Veterans Still Denied Medical Marijuana, But Law Could Change

A recent study by the Veterans Administration shows that over 200,000 soldiers and personnel suffer from post-traumatic stress disorder, yet many of them are not afforded legal access to the one avenue that could perhaps help them most in relieving its symptoms — medicinal marijuana.

That number — 239,174 according to the latest figures available from December 2012 (meaning that number has in all probability increased) — represents approximately 30 percent of all the veterans who served in Iraq and Afghanistan.

Though distribution of medicinal marijuana is legal in 23 states and the District of Columbia, federal regulations make possession illegal, so veterans oftentimes are cut off from its availability. VA doctors, for example, are not allowed to prescribe medicinal cannabis. As a result, veterans battling PTSD are instead relegated to ingesting any number of anti-depressants, such as Prozac, Zoloft, or Praxil.

Help, while still far on the horizon, appears to be on the way. Five weeks ago, the Senate Appropriations Committee approved by a vote of 18-12 a bipartisan amendment that would make it easier for veterans to receive medicinal marijuana.

The Veterans Equal Access Amendment, sponsored by Sen. Steve Daines (R-Mont.) and Sen. Jeff Merkley (D-Ore.), would grant VA doctors the authority to prescribe cannabis for treatment of PTSD.

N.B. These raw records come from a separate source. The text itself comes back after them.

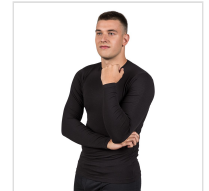

S

M

L

XL

XXL

BLANCO

-

-

-

-

-

NEGRO

-

-

-

-

-

“Veterans in medical marijuana states should be treated the same as any other resident, and should be able to discuss marijuana with their doctor and use it if it’s medically necessary,” said Michael Collins, Policy Manager for the Drug Policy Alliance, in a statement. “They have served this country valiantly, so the least we can do is allow them to have full and open discussions with their doctors.”

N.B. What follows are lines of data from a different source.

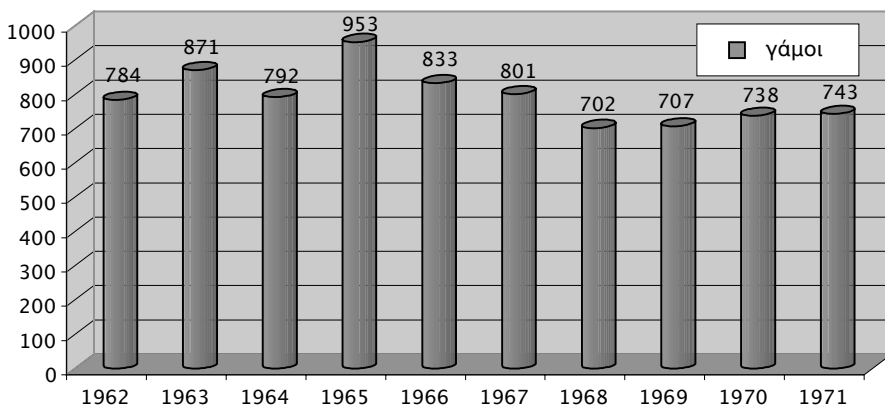

για μη τέλεση των γάμων κατά τα δέκα έτη δεν παίζει ουσιαστικό ρόλο στην κερκυραϊκή νοοτροπία (βλ. πίνακα 3 και διάγραμμα 3).

Πίνακας 3

Έτος γάμου	Πλήθος γάμων
1962	784
1963	871
1964	792
1965	953
1966	833
1967	801
1968	702
1969	707
1970	738
1971	743

Διάγραμμα 3: Πλήθος γάμων ανά έτος στην Κέρκυρα (1962-1971)

A similar amendment narrowly missed passing in the House of Representatives in April. Last year the same amendment failed to make it out of the Senate committee, so it appears there is some progress on the issue.

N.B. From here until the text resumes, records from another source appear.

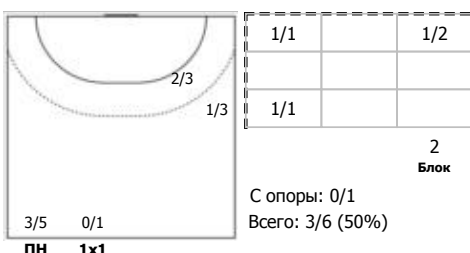

№90 Гафуров Кирилл (Правый полусредний)

ПН

1x1

Условные обозначения: 7 м - 7-метровый штрафной бросок.

Тип атаки: ПН - позиционное нападение; КА - контратака; 1x1 - индивидуальный отрыв; БН - быстрое начало; БП - быстрый переход (включает КА, 1x1, БН).

Амплуа: В-вратарь; ЛК-левый крайний; ЛП-левый полусредний; Ц-разыгрывающий; ПП-правый полусредний; ПК-правый крайний; Л-линейный; П-полусредний; К-крайний.

Ironically, medical cannabis is available to veterans in Canada, a fact not lost on one former veteran working to change the landscape in the United States.

“Canada provides medical marijuana to its veterans for free, it’s kind of embarrassing,” said Michael Krawitz, Executive Director of the Veterans for Medical Cannabis Access. “I’ve talked to government officials about this. They’re perplexed. They don’t offer anything but a shrug of the shoulders and sympathy.” Krawitz said those in the Executive branch of government appear the most roadblocked. He credited legislators at the federal and state levels with trying to move laws forward.

Krawitz, an Air Force veteran who served 1981-1986, is among those working to not only change laws in the U.S., but to include more and more war-related issues on the list of those already included on states’ lists, like PTSD and Gulf-War Syndrome.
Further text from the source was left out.